Stored entries:
────────────────────
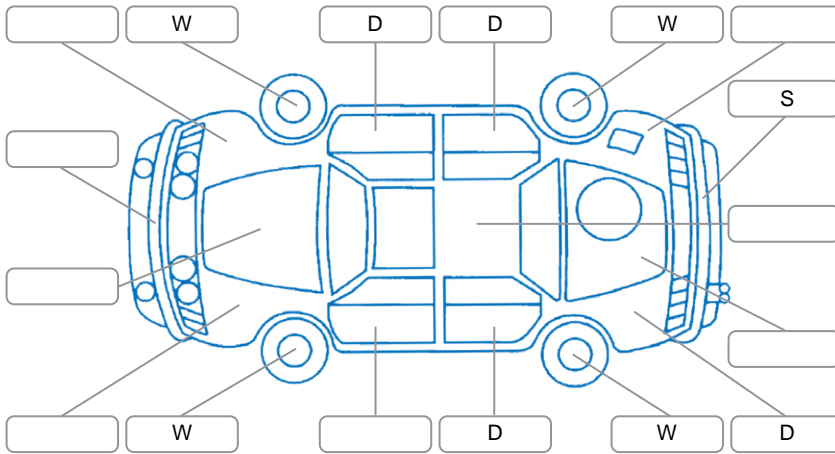

Report ID:	28,204,972	Version:	3
Created:	27 May 2026		

Make:	Hyundai	Model:	Santa FE
Body Style:	SUV	Year:	2022
Rego No.:	NYL239	Rego Expiry:	25 Jan 2027
WoF Expiry:	25 Jan 2027	Odometer:	69,753 Kms
Good No.:	28204972	VIN:	KMHS381KSMU391199
Next Service:	75,000 kms	Service History:	Yes

Key
 S = Scratch R = Rust C = Crack * = Decals W = Significant scuffs
 D = Dent PT = Paint defect P = Pin dent SC = Stone Chips

Note: some defects and blemishes may not be displayed in the diagram

Body Inspection Comments

Conditions During Body Inspection: Wet Dry

Under Carriage and Under Bonnet Inspection Comments

Interior Comments

Seats:	Good
Carpets:	Good
Panels:	Good
Dashboard:	Good

General Comments

Road Conditions During Test Drive	Dry		
Engine Timing Mechanism	Timing Chain		
Evidence of Cam Belt Replacement	<input type="checkbox"/> Yes	<input type="checkbox"/> No	Kms
Inspected by:	Marlon Espena		
Published by:	Henry Manders		
Inspection Date:	23 May 2026
────────────────────
Your answer must be the records above, word for word, with every picture left out.

Report ID:	28,204,972	Version:	3
Created:	27 May 2026		

Make:	Hyundai	Model:	Santa FE
Body Style:	SUV	Year:	2022
Rego No.:	NYL239	Rego Expiry:	25 Jan 2027
WoF Expiry:	25 Jan 2027	Odometer:	69,753 Kms
Good No.:	28204972	VIN:	KMHS381KSMU391199
Next Service:	75,000 kms	Service History:	Yes

Key
 S = Scratch R = Rust C = Crack * = Decals W = Significant scuffs
 D = Dent PT = Paint defect P = Pin dent SC = Stone Chips

Note: some defects and blemishes may not be displayed in the diagram

Body Inspection Comments

Conditions During Body Inspection: Wet Dry

Under Carriage and Under Bonnet Inspection Comments

Interior Comments

Seats:	Good
Carpets:	Good
Panels:	Good
Dashboard:	Good

General Comments

Road Conditions During Test Drive	Dry		
Engine Timing Mechanism	Timing Chain		
Evidence of Cam Belt Replacement	<input type="checkbox"/> Yes	<input type="checkbox"/> No	Kms
Inspected by:	Marlon Espena		
Published by:	Henry Manders		
Inspection Date:	23 May 2026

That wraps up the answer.